JC Criança

Para ver a banda passar...

Daiana Dalfito
| Tempo de leitura: 5 min

Bate bumbo, bate caixa, bate surdo.

Soa alto o trombone e romântico o fluegel horn, bufa a tuba!

Vem marchando a banda, que toca na praça, que toca em desfile, que toca em teatro... Dia 7 de setembro, sexta-feira, é dia de ver a banda passar! Ouvir sambas, marchas, músicas infantis...

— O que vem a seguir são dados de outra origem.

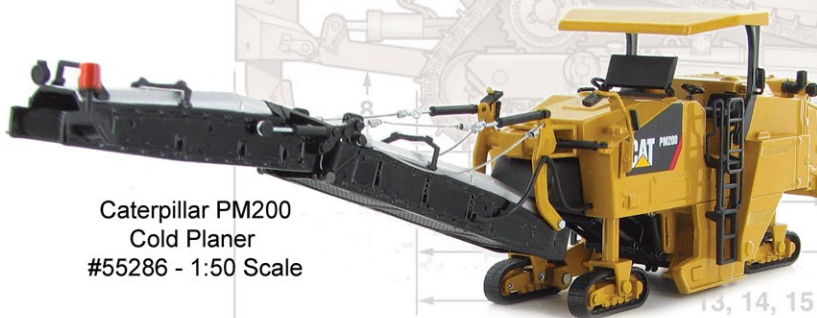

Caterpillar 795F AC
Mining Truck
#55515 - 1:50 Scale

Caterpillar 980K Wheel Loader
Material Handling Configuration
#55289 - 1:50 Scale

Caterpillar 980K Wheel Loader
Rock Configuration
#55296 - 1:50 Scale

Caterpillar D5K2 LGP Dozer
with Ripper
#55281 - 1:50 Scale

Caterpillar PM200
Cold Planer
#55286 - 1:50 Scale

FEATURED DEALERS

Roy Ferguson Sales

Manchester, IA
(563) 927-3240
www.royfergusonsales.com

3000toys
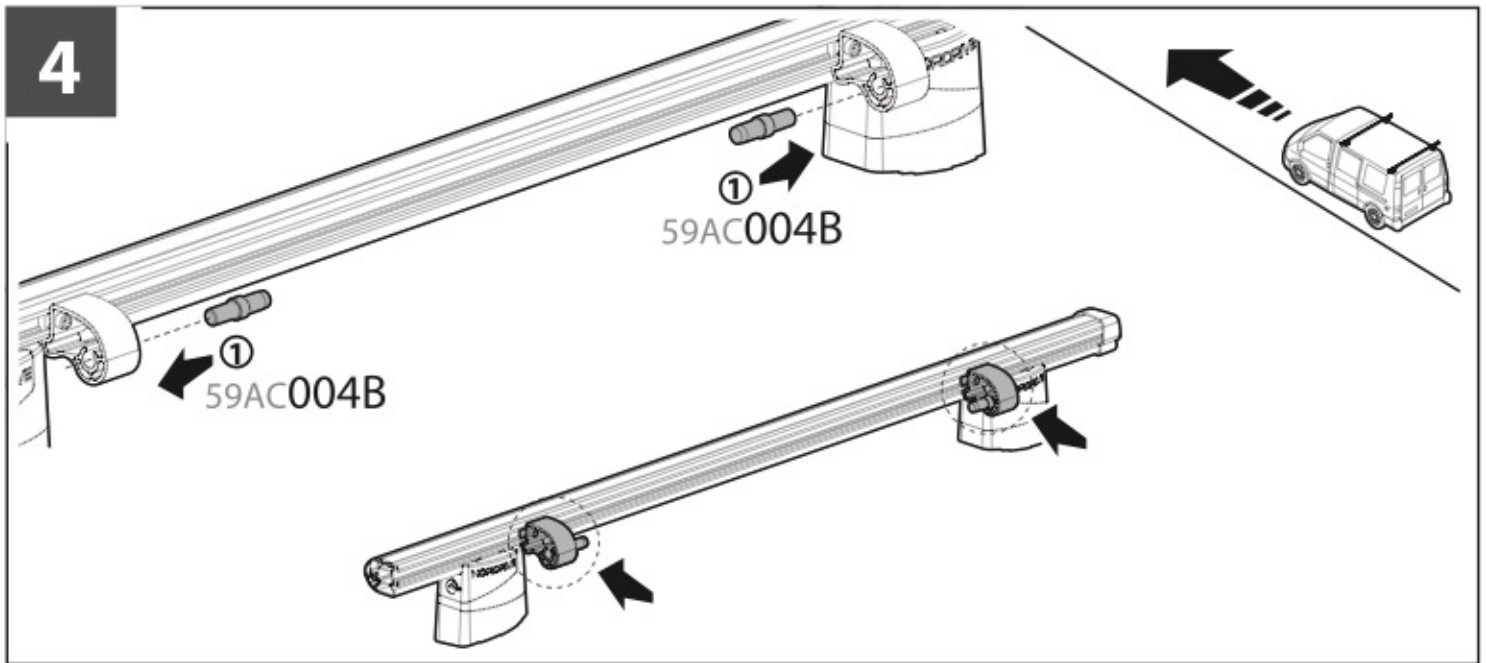

ATTENZIONE WARNING

OPTIONALS PER / FOR / FÜR:

Kargo-Plus series

Alluminio / Aluminium

LOAD STOPS

N11031 KP-1

EYE-BOLTS

N11033 KP-3

E você deve estar achando: “Mas que mistureba”! É que 7 de setembro é Dia da Independência do Brasil. Dia de desfile cívico e de ouvir as bandas no Sambódromo a partir das 9h. Dia em que há 185 anos o príncipe regente Dom Pedro deu o grito “Independêeeeeeeeeeeeeeenciaaaa ou mooooorrte!” às margens do riacho do Ipiranga em São Paulo.

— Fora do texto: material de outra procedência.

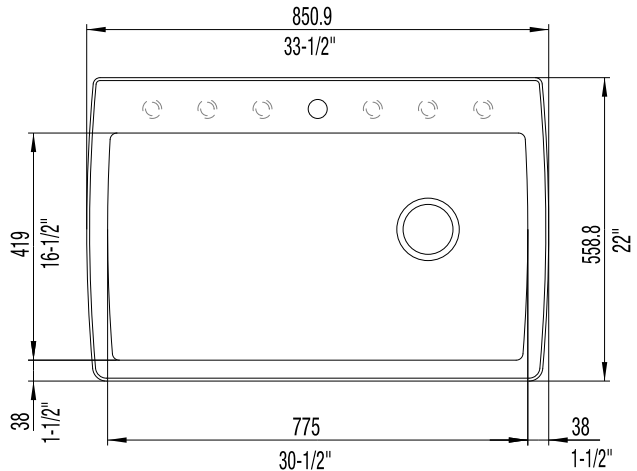

PRODUCT SPECIFICATION

Drop-In/Undermount sink to be single bowl design, 33-1/2" in length and 22" in front-to-back depth. Sink to be made from Silgranit® hard composite material. Sink to feature straight bowl sides with 5/8" cutout corner radius. Sink to be Blanco (Check one)

- Model 511-650 Model 511-651
- Model 511-652 Model 511-653

with bowl depth of 9-1/2". Additional knockout hole locations: _____.

- White 511-651
- Biscuit 511-650
- Anthracite 511-652
- Metallic Gray 511-653

MODEL 511-650 Shown

NOMINAL DIMENSIONS

OVERALL	CUTOUT SIZE	BOWL DEPTH	DRAIN DIAMETER
33-1/2 x 22	32-3/4 x 21-1/4	9-1/2	3-1/2

DXF cutout templates (Undermount and Drop-In versions) available on our web site or this specification CD.
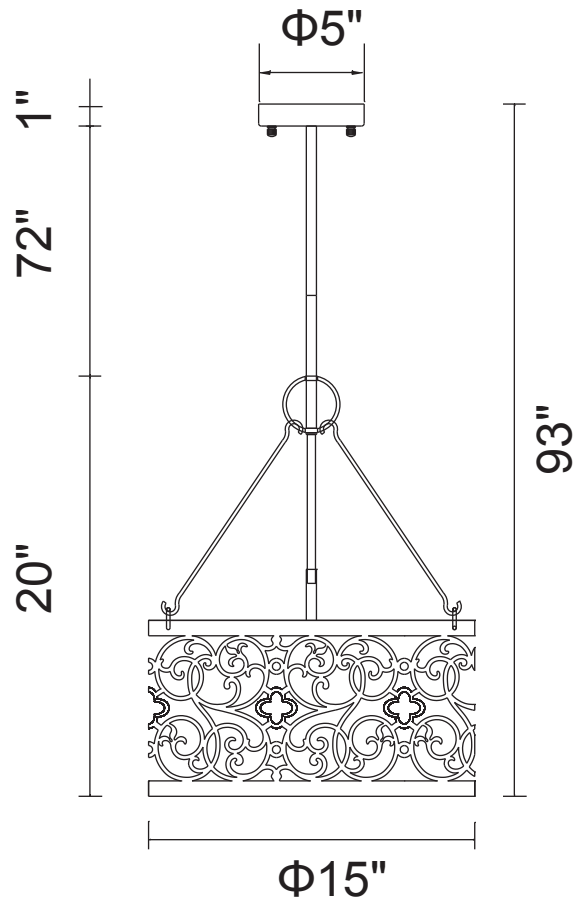

CWI LIGHTING

BRIGHTER LIVING. SIMPLIFIED.

PROJECT: _____

FIXTURE TYPE: _____

LOCATION: _____

CONTACT/PHONE: _____

Item	9832P15-3-106
Collection	ALEXANDRA
Finish	Rubbed Silver
Glass	White
Crystal	-----
Input	120V AC,60HZ,AC

Shade	-----
Length/Dia.	15"
Width/Ext.	-----
Height	20"
Maximum	93"
Lumens	-----

Light Source	E26
Bulb Info.	3×60W
Included	-----
Dimmable	No
Color	-----
Weight

Todos os anos, no dia 7, é isso: as bandas marciais, chamadas assim porque têm sua origem nos exércitos, tiram a poeira dos uniformes e vão para a rua. Bem, tudo isso é quaaaaaaase verdade. A parte mentirosa é a da poeira!

Bauru ainda conserva bandas em escolas e instituições diversas, como a Polícia Militar (PM), e esses conjuntos são muito ativos e legais! O JC Criança foi conhecer duas bandas e alguns de seus integrantes, crianças como você.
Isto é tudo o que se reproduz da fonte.